╭──
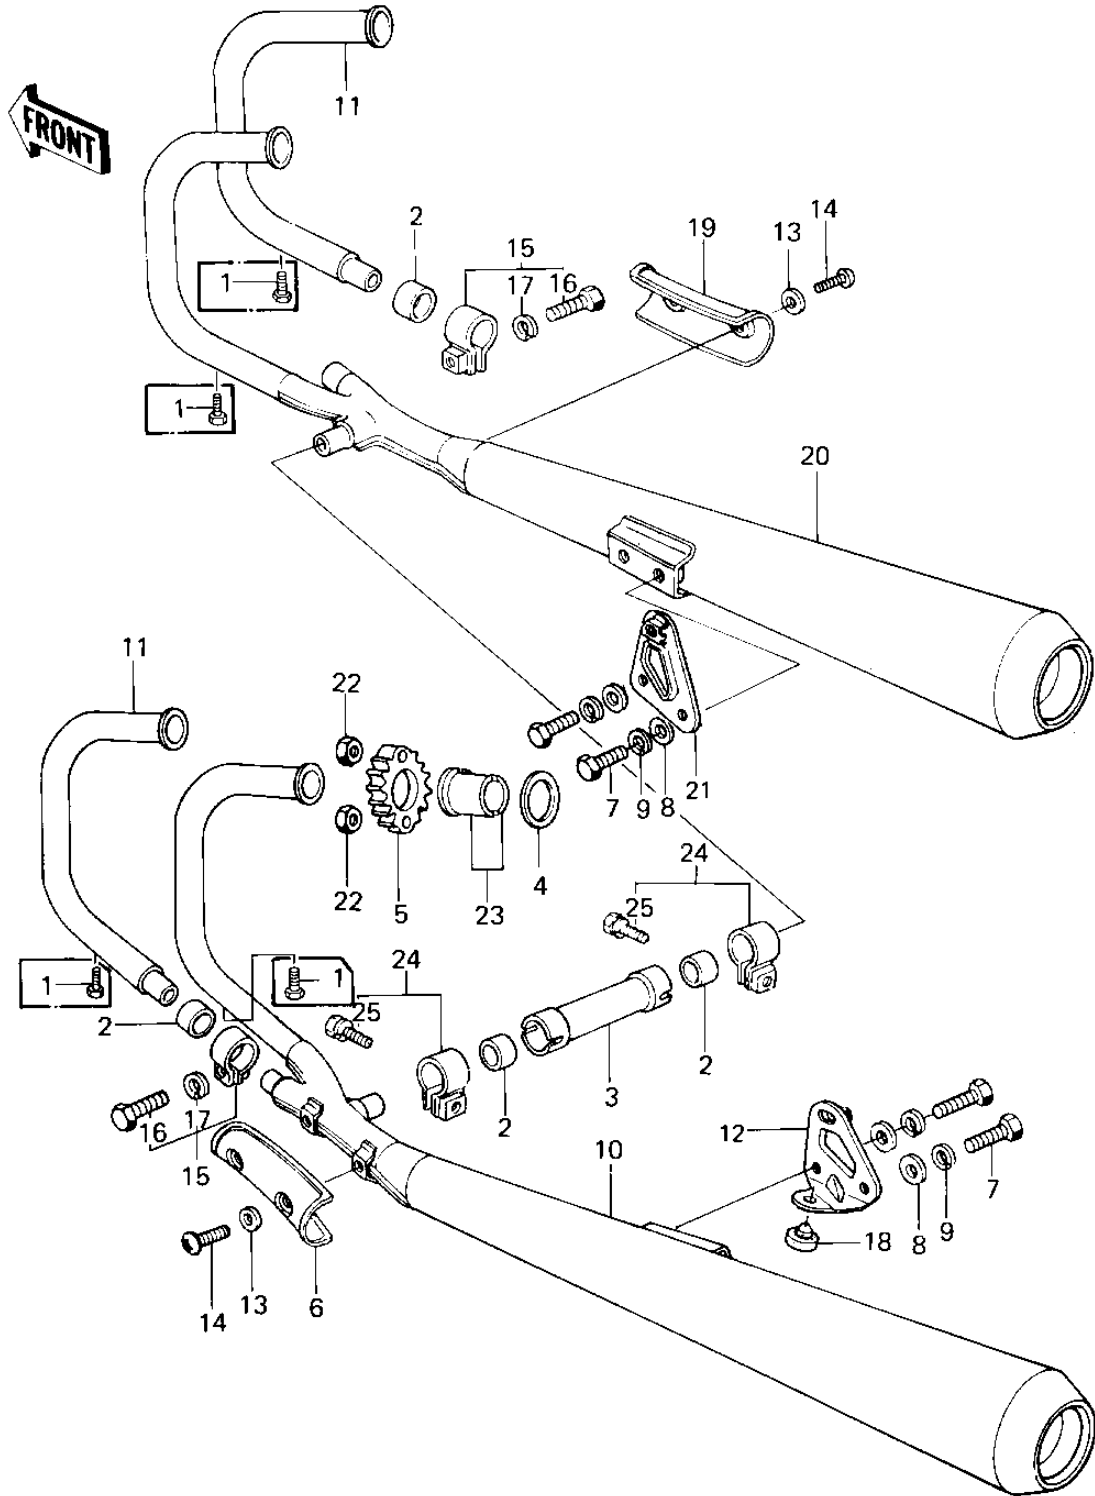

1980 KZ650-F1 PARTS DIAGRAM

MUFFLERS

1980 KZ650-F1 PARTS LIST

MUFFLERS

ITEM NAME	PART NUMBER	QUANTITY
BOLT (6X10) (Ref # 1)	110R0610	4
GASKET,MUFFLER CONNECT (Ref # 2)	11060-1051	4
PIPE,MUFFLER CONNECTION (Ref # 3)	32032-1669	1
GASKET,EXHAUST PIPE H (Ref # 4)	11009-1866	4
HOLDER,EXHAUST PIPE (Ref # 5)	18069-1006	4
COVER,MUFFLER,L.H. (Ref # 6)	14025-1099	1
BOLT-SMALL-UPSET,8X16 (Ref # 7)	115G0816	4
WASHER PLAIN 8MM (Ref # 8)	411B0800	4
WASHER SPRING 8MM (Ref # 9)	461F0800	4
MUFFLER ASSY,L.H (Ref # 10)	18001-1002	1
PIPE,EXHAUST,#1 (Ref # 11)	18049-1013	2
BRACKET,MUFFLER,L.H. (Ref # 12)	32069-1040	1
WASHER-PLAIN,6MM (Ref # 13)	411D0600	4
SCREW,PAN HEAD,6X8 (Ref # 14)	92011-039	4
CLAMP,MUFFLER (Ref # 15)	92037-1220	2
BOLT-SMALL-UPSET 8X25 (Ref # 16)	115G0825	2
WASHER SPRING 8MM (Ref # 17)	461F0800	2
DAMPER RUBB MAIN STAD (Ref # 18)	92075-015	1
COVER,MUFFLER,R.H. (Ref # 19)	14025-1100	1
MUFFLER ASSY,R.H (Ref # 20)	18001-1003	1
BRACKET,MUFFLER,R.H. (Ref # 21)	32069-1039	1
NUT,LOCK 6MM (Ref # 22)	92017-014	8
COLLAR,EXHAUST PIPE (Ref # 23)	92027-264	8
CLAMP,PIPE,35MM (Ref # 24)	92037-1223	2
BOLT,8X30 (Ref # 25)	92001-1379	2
╰──
╭──
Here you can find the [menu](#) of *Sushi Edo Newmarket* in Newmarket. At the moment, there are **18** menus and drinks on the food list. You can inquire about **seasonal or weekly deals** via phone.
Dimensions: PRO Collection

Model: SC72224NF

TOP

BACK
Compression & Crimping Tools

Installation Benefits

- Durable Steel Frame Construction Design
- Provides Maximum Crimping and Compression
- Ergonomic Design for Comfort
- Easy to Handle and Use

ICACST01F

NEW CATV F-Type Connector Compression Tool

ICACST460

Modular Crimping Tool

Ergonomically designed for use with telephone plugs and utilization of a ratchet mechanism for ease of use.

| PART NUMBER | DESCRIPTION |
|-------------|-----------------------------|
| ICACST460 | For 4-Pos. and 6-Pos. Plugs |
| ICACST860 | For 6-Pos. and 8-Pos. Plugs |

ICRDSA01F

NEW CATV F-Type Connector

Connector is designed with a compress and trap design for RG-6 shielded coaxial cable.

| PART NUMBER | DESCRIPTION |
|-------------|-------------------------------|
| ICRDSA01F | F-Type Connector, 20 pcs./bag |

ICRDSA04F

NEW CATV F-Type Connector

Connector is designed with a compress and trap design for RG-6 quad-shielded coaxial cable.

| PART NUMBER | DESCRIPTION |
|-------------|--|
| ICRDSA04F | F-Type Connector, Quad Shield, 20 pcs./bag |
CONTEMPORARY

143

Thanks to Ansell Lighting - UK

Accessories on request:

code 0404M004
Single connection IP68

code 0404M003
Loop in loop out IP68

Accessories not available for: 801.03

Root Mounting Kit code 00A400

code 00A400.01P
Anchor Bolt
╰──
╭──
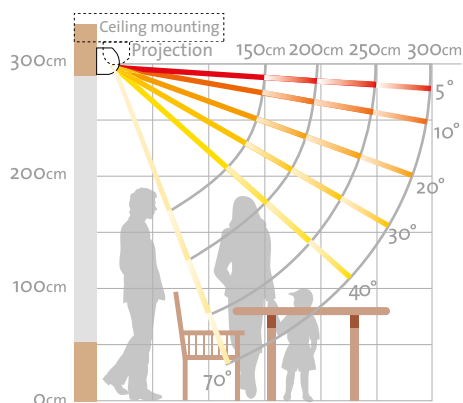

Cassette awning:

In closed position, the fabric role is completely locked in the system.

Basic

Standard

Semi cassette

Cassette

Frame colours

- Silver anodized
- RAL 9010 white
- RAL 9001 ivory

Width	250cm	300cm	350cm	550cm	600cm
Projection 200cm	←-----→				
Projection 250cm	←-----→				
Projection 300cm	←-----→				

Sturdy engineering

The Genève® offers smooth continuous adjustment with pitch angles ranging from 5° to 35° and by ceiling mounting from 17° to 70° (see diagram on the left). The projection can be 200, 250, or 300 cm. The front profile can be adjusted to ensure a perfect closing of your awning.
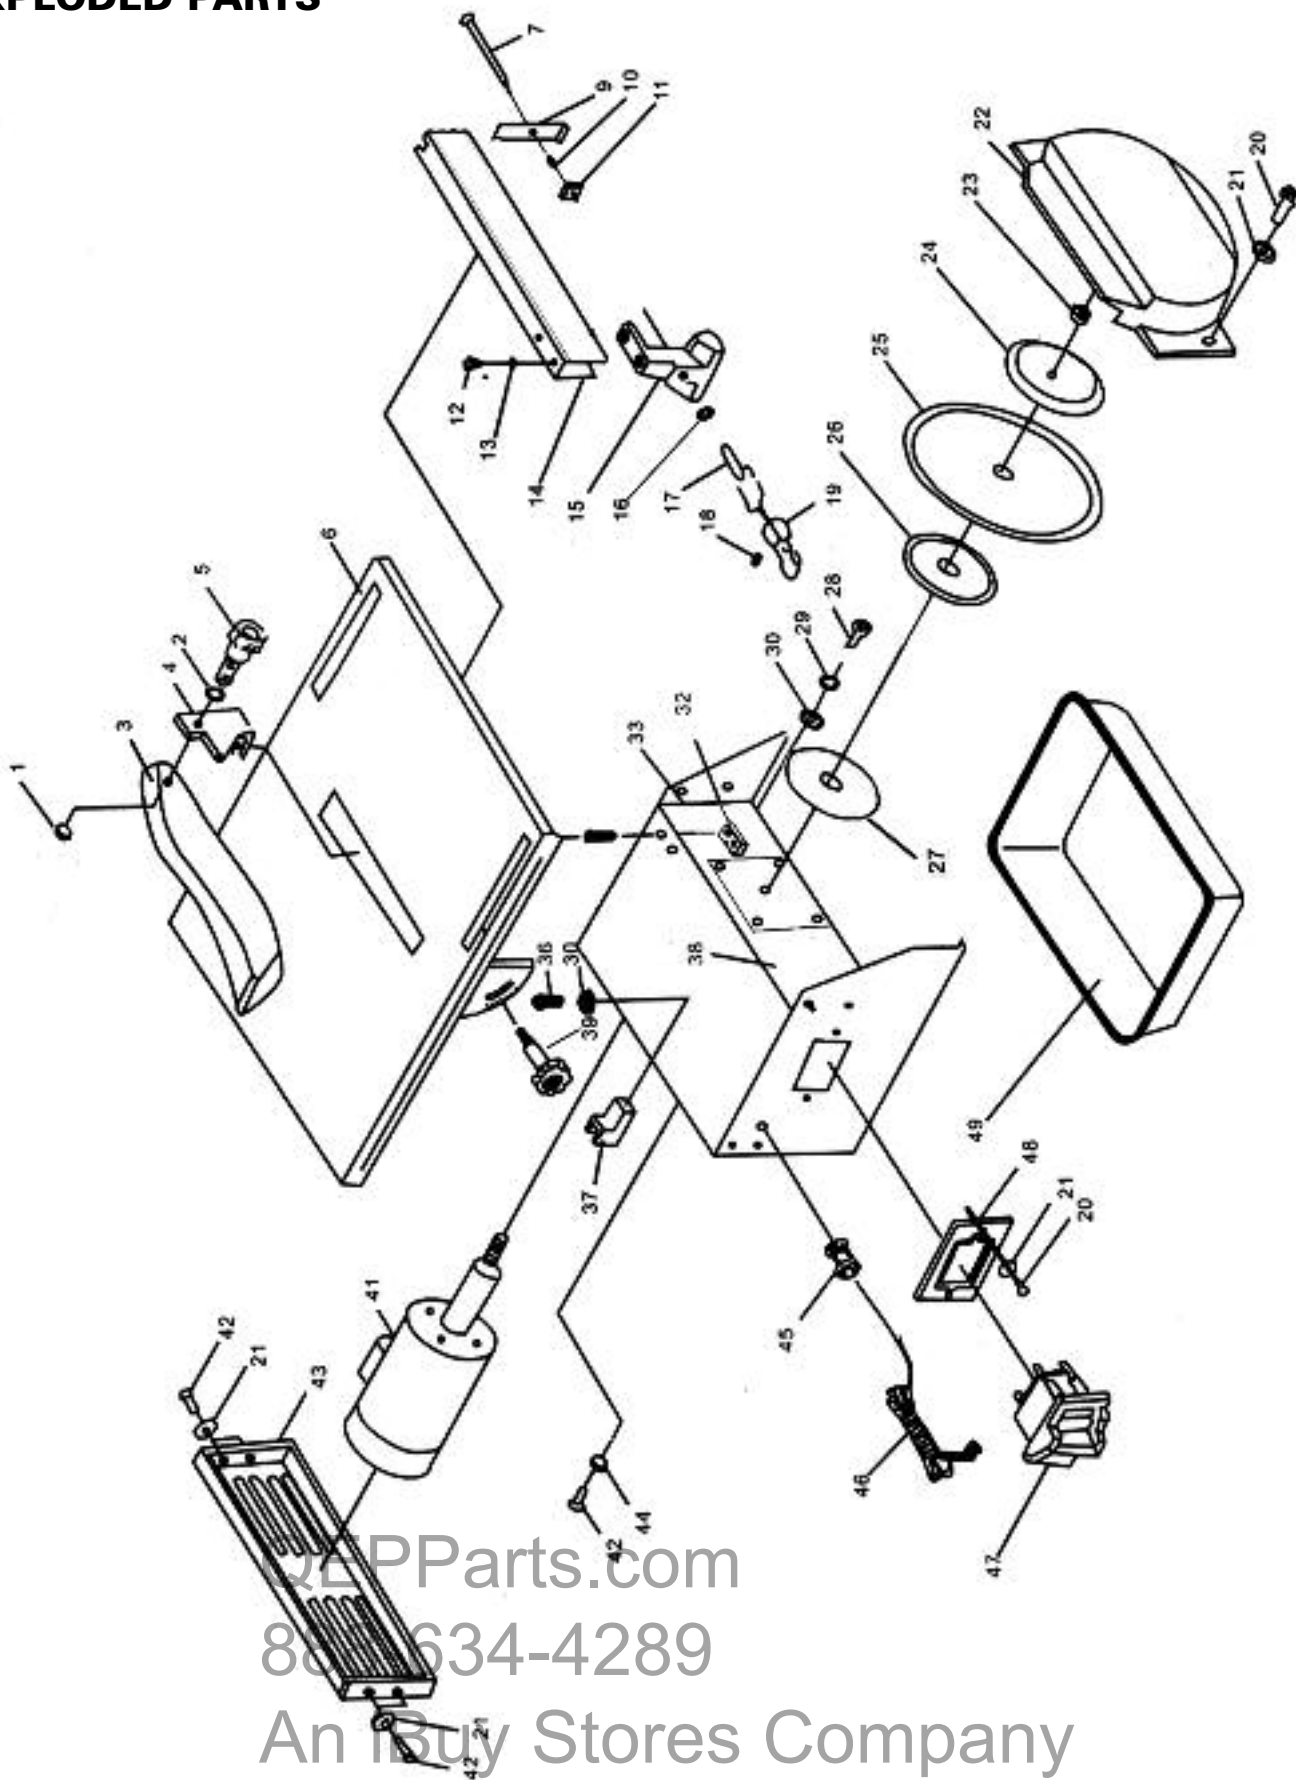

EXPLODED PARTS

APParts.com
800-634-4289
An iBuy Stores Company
╰──
From the listing above, output exactly the run of lines that starts with the line containing "1980 KZ650-F1 PARTS DIAGRAM" and ends with the line containing "MUFFLER ASSY,R.H (Ref".

◆ Your solution
1980 KZ650-F1 PARTS DIAGRAM

MUFFLERS

1980 KZ650-F1 PARTS LIST

MUFFLERS

ITEM NAME	PART NUMBER	QUANTITY
BOLT (6X10) (Ref # 1)	110R0610	4
GASKET,MUFFLER CONNECT (Ref # 2)	11060-1051	4
PIPE,MUFFLER CONNECTION (Ref # 3)	32032-1669	1
GASKET,EXHAUST PIPE H (Ref # 4)	11009-1866	4
HOLDER,EXHAUST PIPE (Ref # 5)	18069-1006	4
COVER,MUFFLER,L.H. (Ref # 6)	14025-1099	1
BOLT-SMALL-UPSET,8X16 (Ref # 7)	115G0816	4
WASHER PLAIN 8MM (Ref # 8)	411B0800	4
WASHER SPRING 8MM (Ref # 9)	461F0800	4
MUFFLER ASSY,L.H (Ref # 10)	18001-1002	1
PIPE,EXHAUST,#1 (Ref # 11)	18049-1013	2
BRACKET,MUFFLER,L.H. (Ref # 12)	32069-1040	1
WASHER-PLAIN,6MM (Ref # 13)	411D0600	4
SCREW,PAN HEAD,6X8 (Ref # 14)	92011-039	4
CLAMP,MUFFLER (Ref # 15)	92037-1220	2
BOLT-SMALL-UPSET 8X25 (Ref # 16)	115G0825	2
WASHER SPRING 8MM (Ref # 17)	461F0800	2
DAMPER RUBB MAIN STAD (Ref # 18)	92075-015	1
COVER,MUFFLER,R.H. (Ref # 19)	14025-1100	1
MUFFLER ASSY,R.H (Ref # 20)	18001-1003	1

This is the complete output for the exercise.